For me, this is a wonderful summer as we have days of warmth and sunshine followed by damp humid weather in turn: it is too inconsistent for some people for whom the season must be weeks of heat and scorching sun to be perfect, but I love the sight of grateful trees and plants flourishing in what are perfect growing conditions for them, and of masses of bugs filling the warm skies providing a feast, day after day, night after night, for birds and bats. If the wildlife is happy, then so am I.
There is, at last, an open acknowledgement that our bee population is troubled through weather and disease, and possibly other causes such as intensive farming methods, pesticides and chemicals, and loss of habitat. Their importance in supporting the human food chain is being recognised and it is for this reason that the British government is convening a major review by experts to identify the reasons for their decline and what to do about it. I suspect, if bees were not so crucial, they would not bother. But, anything to help the situation is welcome, and I hope the “national pollinator strategy” will be in place as soon as possible – within months and not years.

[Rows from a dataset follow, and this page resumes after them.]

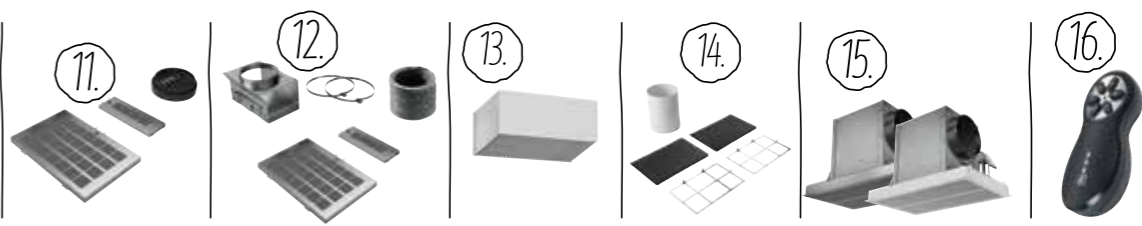

ØVRIGT TILBEHØR:

16	FJERNBETJENING ● Passer til emhætte: D57ML66N1, D55ML66N1	Vejl. pris kr. 382	Z5100X0
	SKORSTENSFORLÆNGER 1 M ● Passer til emhætte: D95FRW1S0, D96IKW1S0	Vejl. pris kr. 1.268	Z51AXK0N0
	SKORSTENSFORLÆNGER 1,5 M ● Passer til emhætte: D95FRW1S0, D96IKW1S0	Vejl. pris kr. 1.690	Z51AXL0N0
	MONTERINGSKIT TIL MONTERING AF MOTOR I TILSTØDENDE SKABE OP TIL 2 METER ● Passer til bordemfang: D95DAP8N0	Vejl. pris kr. 936	Z92IDM9X0

* (Iflg. bygningsreglementet (kap. 6.3.1.2) 1. januar 2014, skal der søges dispensation hos respektive kommune for at benytte recirkulation. Se evt. Byggelovens §22, stk.1.)

It is not just bees that are important but all pollinators. If you look at a flower on a warm day you are likely to see it full of tiny insects as well as being touched by bees – of many varieties – and butterflies, and all of them do so much to ensure we have our food. We can help their cause through careful planting of native species, and by allowing patches of long grass and weeds to grow naturally if that is possible where you are, for they will be filled with clouds of tiny, essential, insects which will do no harm to you but will do much good in many ways.
It is heartening to write about what may be good news for our bees, today. I will follow the progress of the review with great attention and with hope, but without expectation.